In OGSi, the primary type of entity you're dealing with is a "Bundle" or "Plug-in" (the two terms are effectively the same for our needs). However, there's a sort of specialized type that you may run into called a "Fragment". They're similar to a plug-in in that they're a contained unit of Java code and resources, but they have the special property that they're attached to another plug-in and automatically come along for the ride when the main plug-in is used. This is useful in a couple situations, such as code organization, serving platform-specialized native libraries, after-the-fact additions, or providing library dependencies.
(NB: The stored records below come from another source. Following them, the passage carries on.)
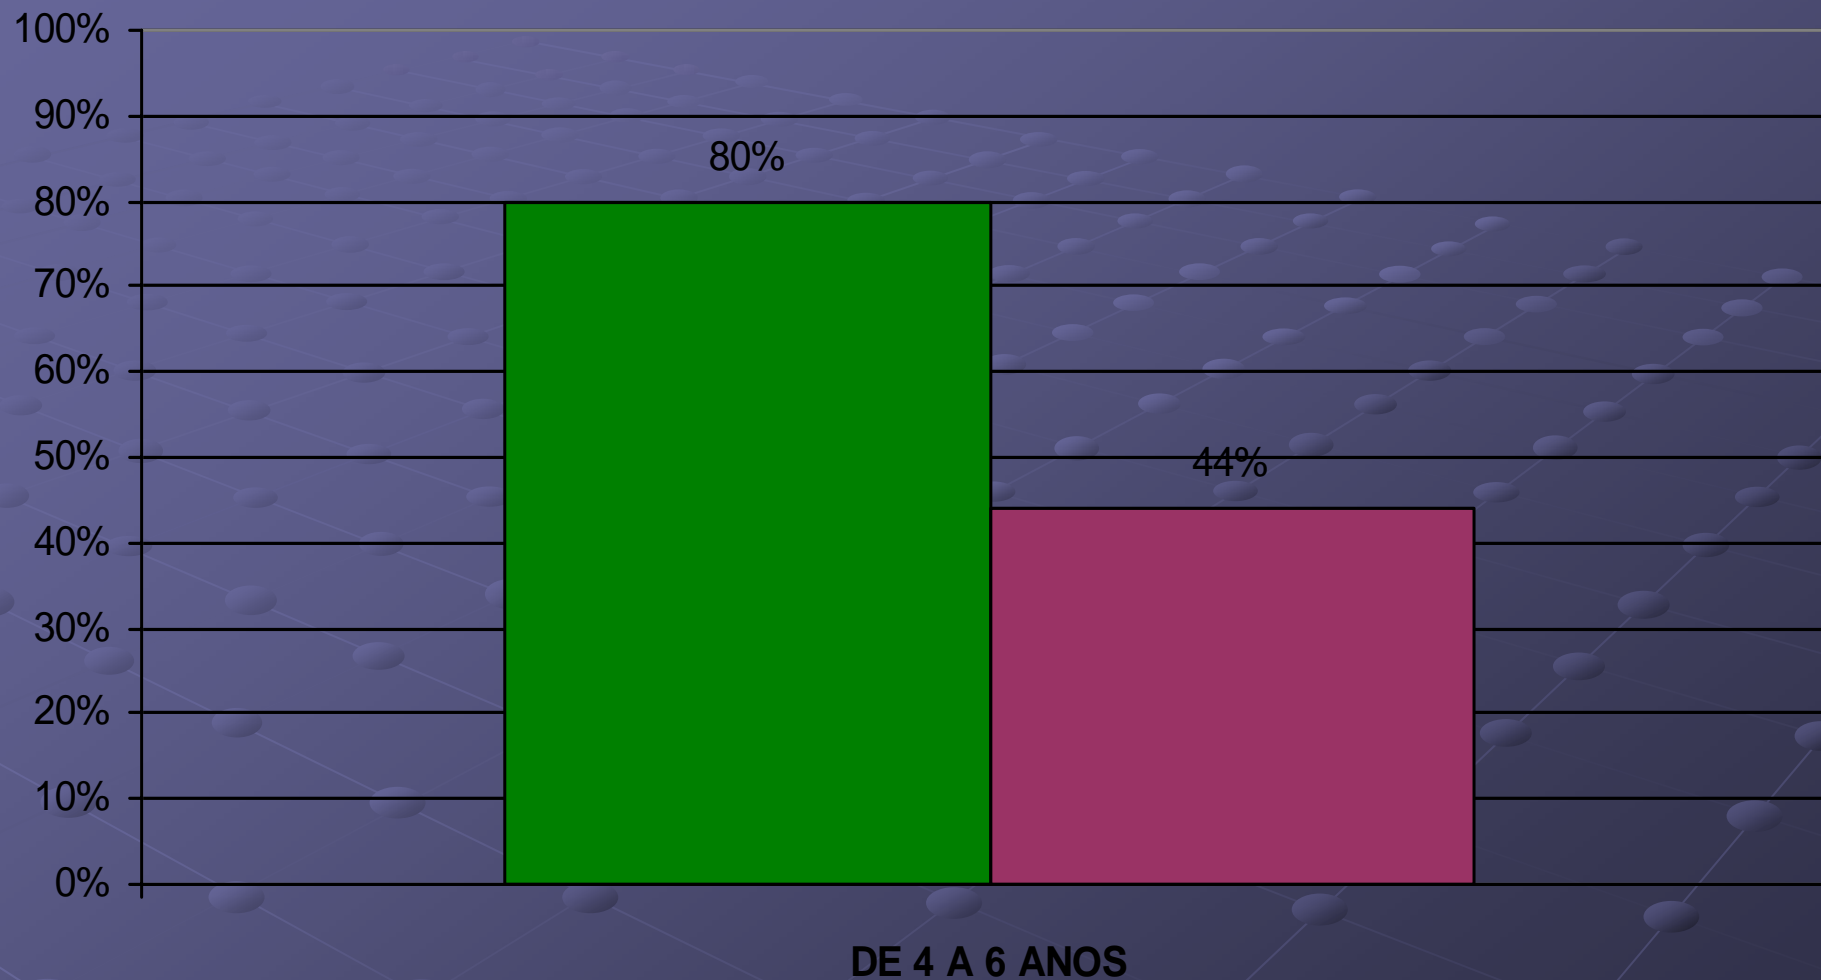

METAS DE ATENDIMENTO DA EDUCAÇÃO INFANTIL

■ PNE 2006/2011 ■ MUNICÍPIO 2008
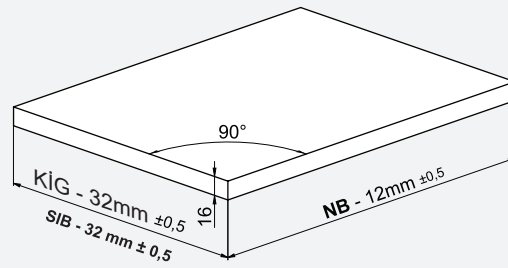

Kabin Ölçüleri / Schrankabmessungen

Kabin İç Genişliği : KIG
Kabin İç Derinliği : KID
Çekmece Derinliği : CD
Çekmece İç Genişliği : ÇIG
Nominal Boy (Ray boyu) : NB

Schrank-Innenbreite : SIB
Schrank-Innentiefe : SIT
Schubladentiefe : SLT
Schubladen-Innenbreite : SLIB
Nennlänge : NL

1

2

Ön Panel / Frontblende

Ahşap Çekmece Tabanı / Schubladenboden aus Holz

3

4

Ahşap Arkalık / Holzrückwand

Parçalar / Teile
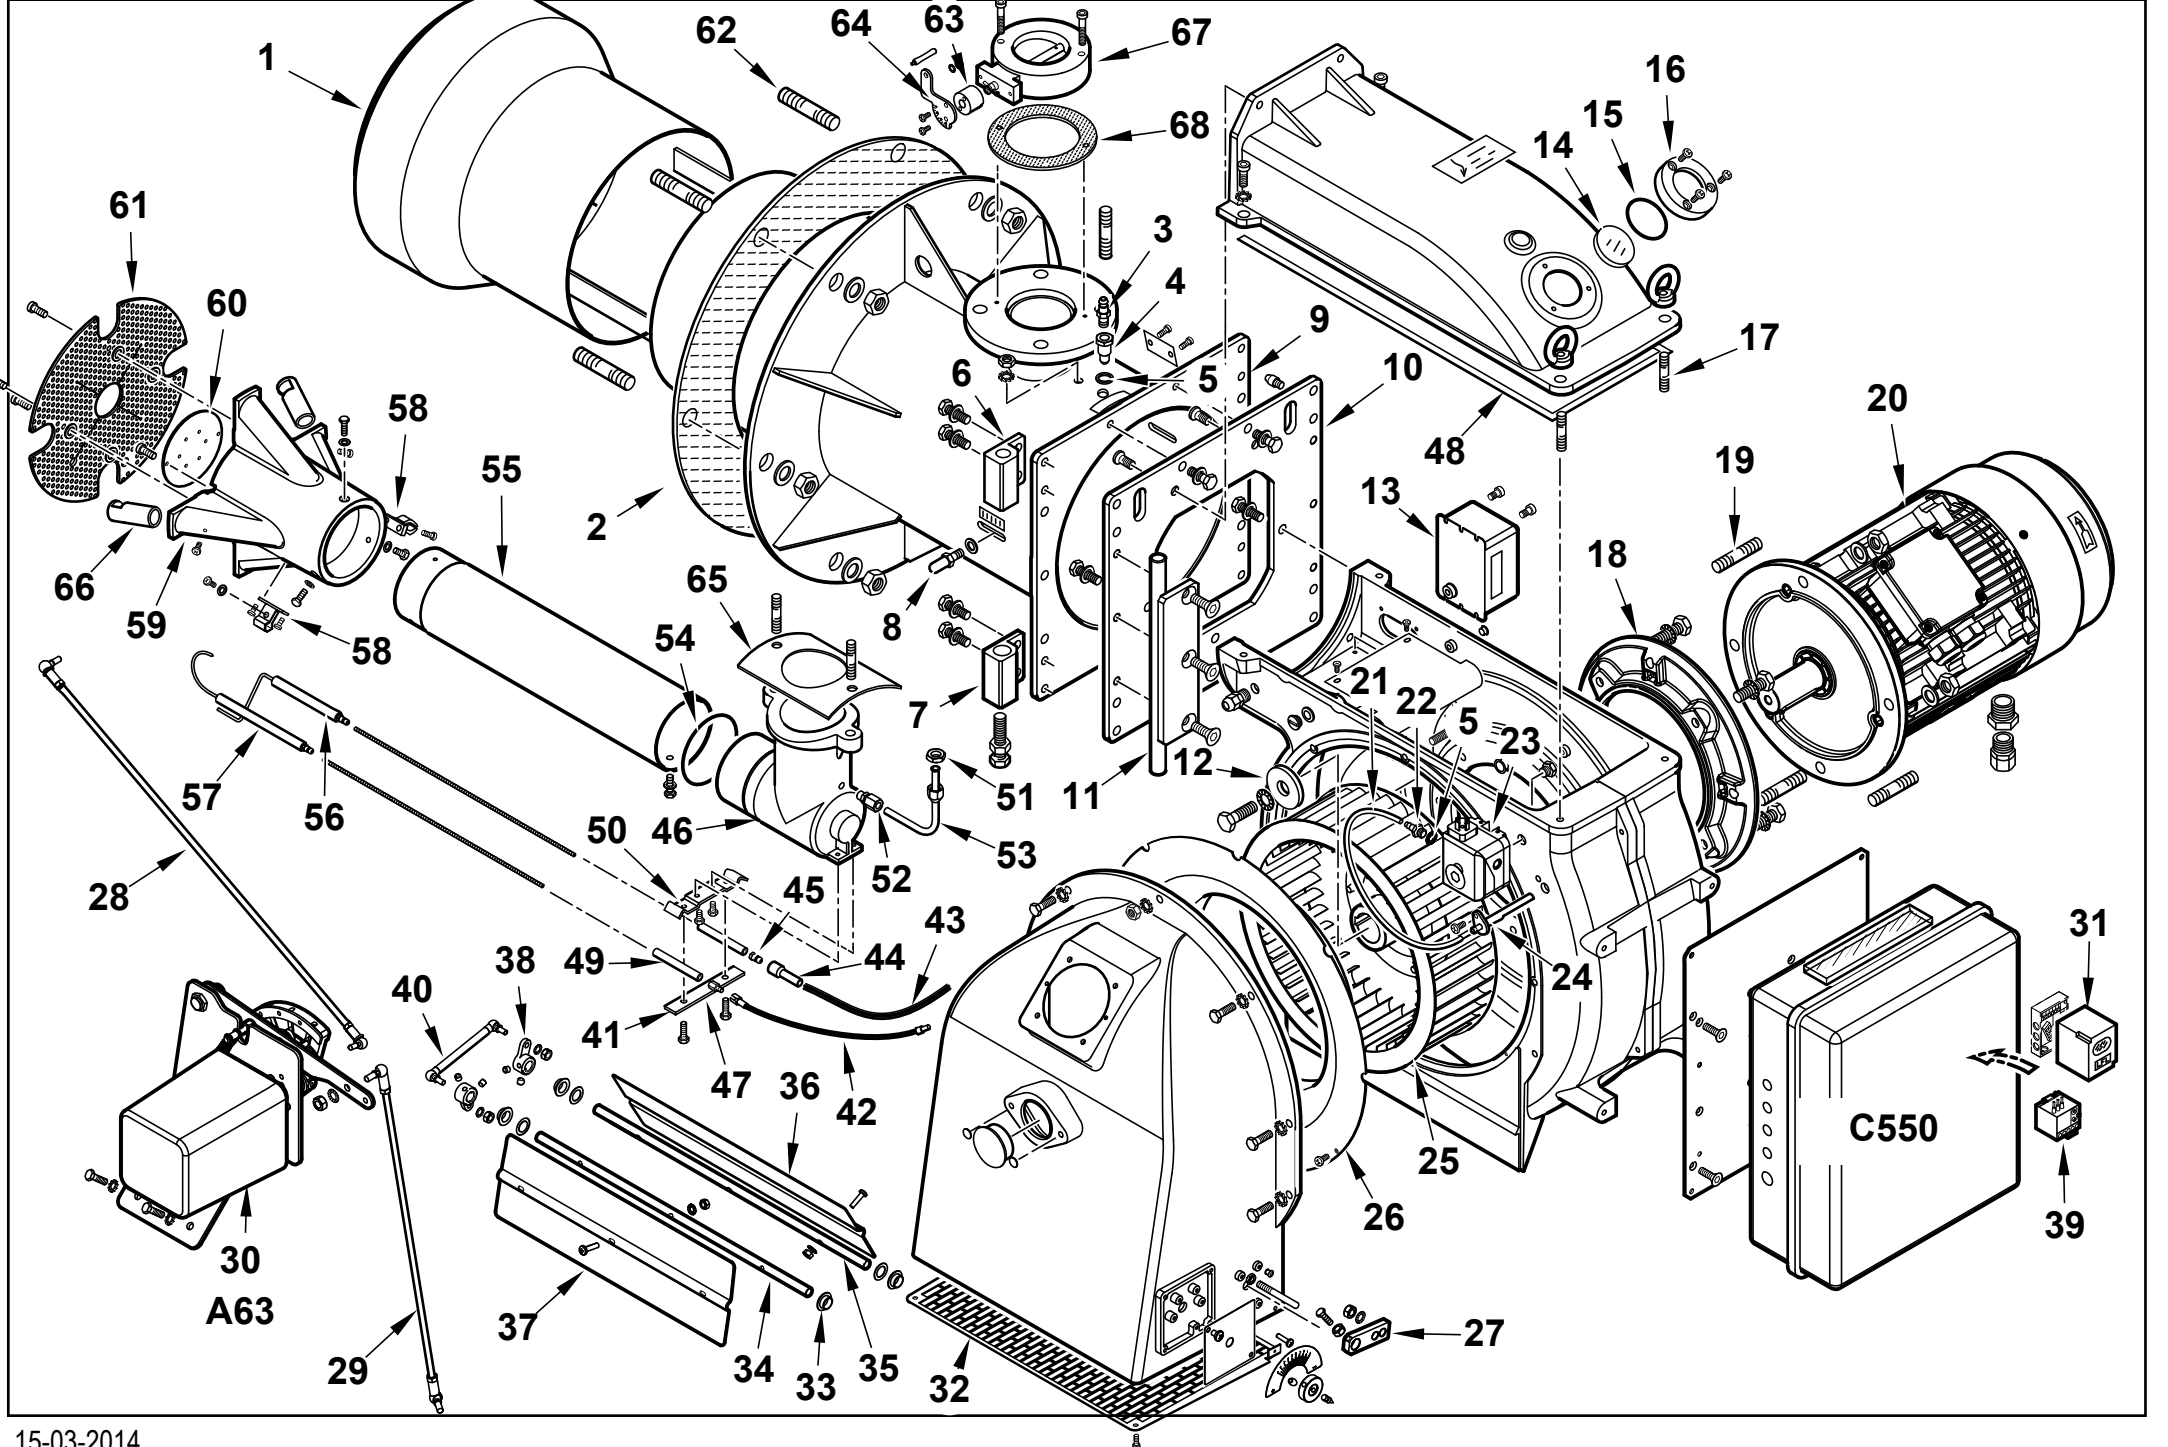

Поз	Артикул	Наименование	Примечание
1	0012140007	Пламенная головка	
2	44025	Прокладка	
3	31483	Штуцер давления	
4	0012140030	Втулка	
5	4987	Шайба	
6	0012140017	Шарнирное соединение	
7	0012140018	Шарнирное соединение	
8	18476	Ручка	
9	0012140006	Головка горелки	
10	0012140019	Фланец	
11	0012140016	Палец	
12	0022030036	Шайба	
13	15995	Трансформатор	
14	0012010143	Стекло	
15	23299	Сальник	
16	8012010145	Прокладка стекла	
17	19525	Шпилька	
18	45000	Фланец	
19	45125	Шпилька	
20	30685	Мотор 18,5 кВт	
21	31492	Трубка	
22	0005150098	Штуцер	
23	0005040137	Реле давления Dungs LGW50A4	
24	0024010027	Ниппель	
25	0012140014	Крыльчатка	
26	0012140013	Сопло вентилятора	
27	0015010127	Рычаг	
28	0012150022	Тяга с шарниром	
29	0012120160	Тяга с шарниром	
30	0012140049	Регулятор в сборе	
31	0005030071	Автомат горения Siemens LFL 1.333	
32	0012010129	Решетка воздухозаборника	
33	54056	Втулка	
34	0012010147	Вал	

Поз	Артикул	Наименование	Примечание
35	0012010147	Вал	
36	0012010133	Воздушная заслонка	
37	0012010132	Воздушная заслонка	
38	0019040006	Рычаг	
39	0005110129	Реле тепловое	
40	0012010155	Тяга с шарниром	
41	57132	Кронштейн	
42	0005140605	Кабель ионизации	
43	30223	Кабель розжига	
44	0005060037	Наконечник	
45	53615	Штекер	
46	0012140004	Колено	
47	19945	Штекер	
48	0012010166	Прокладка	
49	23928	Изолятор	
50	57131	Кронштейн	
51	35623	Гайка	
52	0005150005	Зажимное соединение	
53	0012140034	Трубка	
54	0005180087	Сальник	
55	0012140003	Трубка	
56	45243	Электрод	
57	0012140025	Электрод ионизации	
58	45286	Кронштейн	
59	45284	Газораспределитель	
60	0012140001	Диск смесительный	
61	0012140008	Подпорная шайба	
62	17888	Шпилька	
63	0012120167	Втулка	
64	0026030029	Рычаг газового клапана	
65	0014030022	Прокладка	
66	0012140024	Форсунка газовая	
67	0005100105	Газовая заслонка	
68	23124	Прокладка

In the basic case, the only requirement is to specify in the fragment what the "parent" plug-in is (Eclipse provides a field for this in its editor) and then including the fragment in the installable feature alongside the plug-in. However, there are a few situations where a bit more work is required if you want to access the classes in the fragment: when used as part of a Tycho build and when used as an XSP Library in Designer (which may also apply to Eclipse dependency use generally).

Tycho

When doing a full Tycho build, even if both the plug-in and its fragment(s) are part of the current build, another project won't automatically include the fragment when doing the compilation. This can lead to a situation where the projects will compile cleanly in Eclipse (which handles the fragment attachment) but fail in Tycho. The trick, though small, is non-obvious: you have to tell the project that is using the fragment code about the fragment in its build.properties.

So say you have three projects: the main plug-in (some.main.plugin), a fragment attached to it (some.main.plugin.fragment), and the project consuming them (some.dependent.plugin). The normal first step is to include the main plug-in in the dependent plug-in's MANIFEST.MF as usual:

Require-Bundle: some.main.plugin

In Eclipse, this will suffice: both the main plug-in and its fragment will show up in the "Plug-in Dependencies" library. For Tycho, though, you have to tip it off using a line like this in build.properties:

extra.. = platform:/fragment/some.main.plugin.fragment

Think of this as saying "hey, dummy, don't forget about the fragment". Once you have that line, the Tycho-enabled Maven build should be able to resolve the fragment's classes and all will be well.

Designer

When using the plug-in and its fragment in an XSP Library in Designer, there's a similar-seeming problem: though Designer will include any direct dependencies of your Library plug-in in the class path, it won't pick up on any fragments by default (though it seems that Domino does). The trick here is that the primary plug-in has to tell Designer that it accepts fragments, which is done by setting Eclipse-ExtensibleAPI in the MANIFEST.MF file for some.main.plugin, like so:

Eclipse-ExtensibleAPI: true

Once that's in place, the fragment should start showing up in your NSF's classpath when the library is enabled.